(Beginning of RECORDS SHOWN)

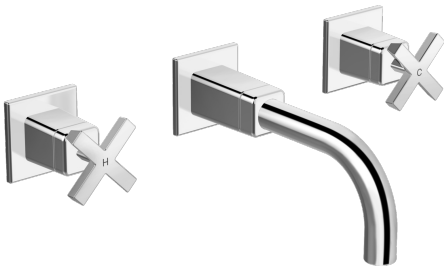

EAN: 4057304006852
static.hansa.com/50432101

- Washbasin
- Trim Kit, Two-grip
- Concealed wall mounting
- Chrome
- Fixed spout
- PCA® - constant flow rate regardless of pressure variations
- Cross shape, Two operating levers/handles
- Ceramic head part for flow control
- Flexible length / can be shortened
- Square rosette

Technical data

Flow properties

Flow-rate at 3 bar (with flow controller) **6.0 l/min**

Technical properties

DN-size (nominal dimension) **DN15**
 Hot water supply **max. +80°C**
 Working pressure **1-10 bar**
 Projection **155 - 210 mm**
 Material **Brass**

Regulations

EN standard **EN 200**

Approvals and Declarations

Declaration of conformity **DoC**

Spare parts

SP50432101

	Name	Code
01	Spout Discontinued	59914618
02	Aerator, M22x1 STD HC PCA, 6 l/min	59914428
03	Cover flange Discontinued	59914611
04	Connection nipple, M15x1,5xG1/2, SW 8	59913241
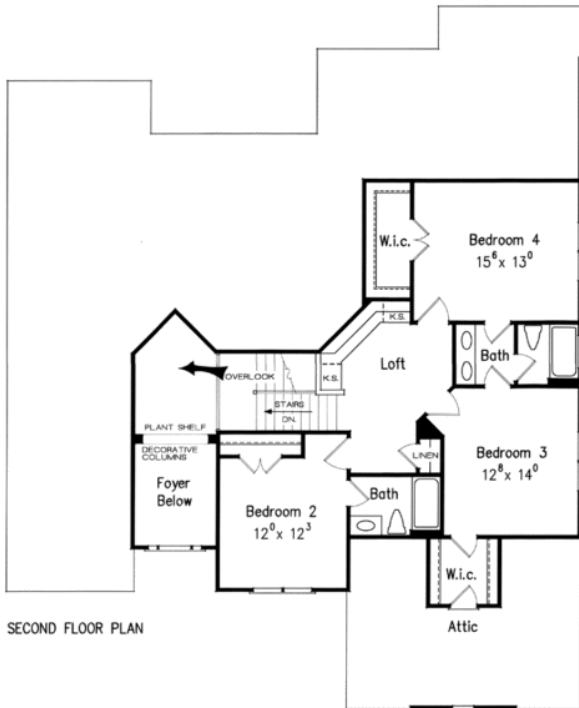

888.717.3003

INMAN PARK

Square Footage

Total	3349
First Floor	2373
Second Floor	976

Dimensions

Width	54' - 0"
Depth	66' - 0"
Height	34' - 4"

Floorplans and Elevations are subject to change. Floorplan dimensions are approximate. Consult working drawings for actual dimensions and information. Elevations are artists' conceptions. Photographs may have been modified from the original construction documents.

**3349 heated sqft. Build cost starting at approx. \$686,274.00 (slab foundation)
Add approximately \$68,000.00 for full unfinished basement**
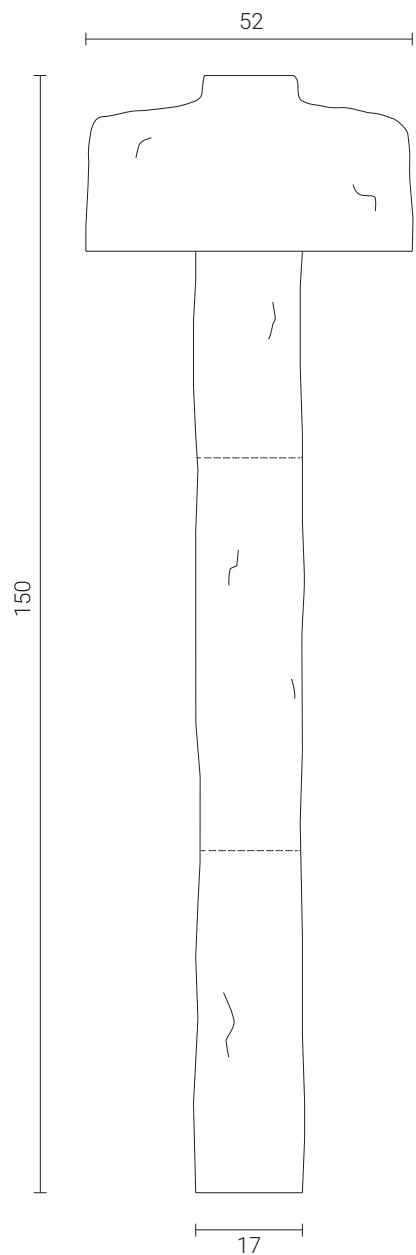

Manitari floor lamp

Porcelain sconce, with a Brutalist White Finish.
Each piece is handmade in our studio in Paris.

Manitari floor lamp

DIMENSIONS

h ~ 150, Ø foot ~ 17, Ø bell ~ 52 cm

h ~ 59, Ø foot ~ 6.7, Ø bell ~ 20.5 in

(End of RECORDS SHOWN)

> EXERCISE INSTRUCTIONS
The records above are to be copied exactly, without their pictures.

> RESPONSE
EAN: 4057304006852
static.hansa.com/50432101

- Washbasin
- Trim Kit, Two-grip
- Concealed wall mounting
- Chrome
- Fixed spout
- PCA® - constant flow rate regardless of pressure variations
- Cross shape, Two operating levers/handles
- Ceramic head part for flow control
- Flexible length / can be shortened
- Square rosette

Technical data

Flow properties

Flow-rate at 3 bar (with flow controller) **6.0 l/min**

Technical properties

DN-size (nominal dimension) **DN15**
 Hot water supply **max. +80°C**
 Working pressure **1-10 bar**
 Projection **155 - 210 mm**
 Material **Brass**

Regulations

EN standard **EN 200**

Approvals and Declarations

Declaration of conformity **DoC**

Spare parts

SP50432101

	Name	Code
01	Spout Discontinued	59914618
02	Aerator, M22x1 STD HC PCA, 6 l/min	59914428
03	Cover flange Discontinued	59914611
04	Connection nipple, M15x1,5xG1/2, SW 8	59913241

888.717.3003

INMAN PARK

Square Footage

Total	3349
First Floor	2373
Second Floor	976

Dimensions

Width	54' - 0"
Depth	66' - 0"
Height	34' - 4"

Floorplans and Elevations are subject to change. Floorplan dimensions are approximate. Consult working drawings for actual dimensions and information. Elevations are artists' conceptions. Photographs may have been modified from the original construction documents.

**3349 heated sqft. Build cost starting at approx. \$686,274.00 (slab foundation)
Add approximately \$68,000.00 for full unfinished basement**

Manitari floor lamp

Porcelain sconce, with a Brutalist White Finish.
Each piece is handmade in our studio in Paris.

Manitari floor lamp

DIMENSIONS

h ~ 150, Ø foot ~ 17, Ø bell ~ 52 cm

h ~ 59, Ø foot ~ 6.7, Ø bell ~ 20.5 in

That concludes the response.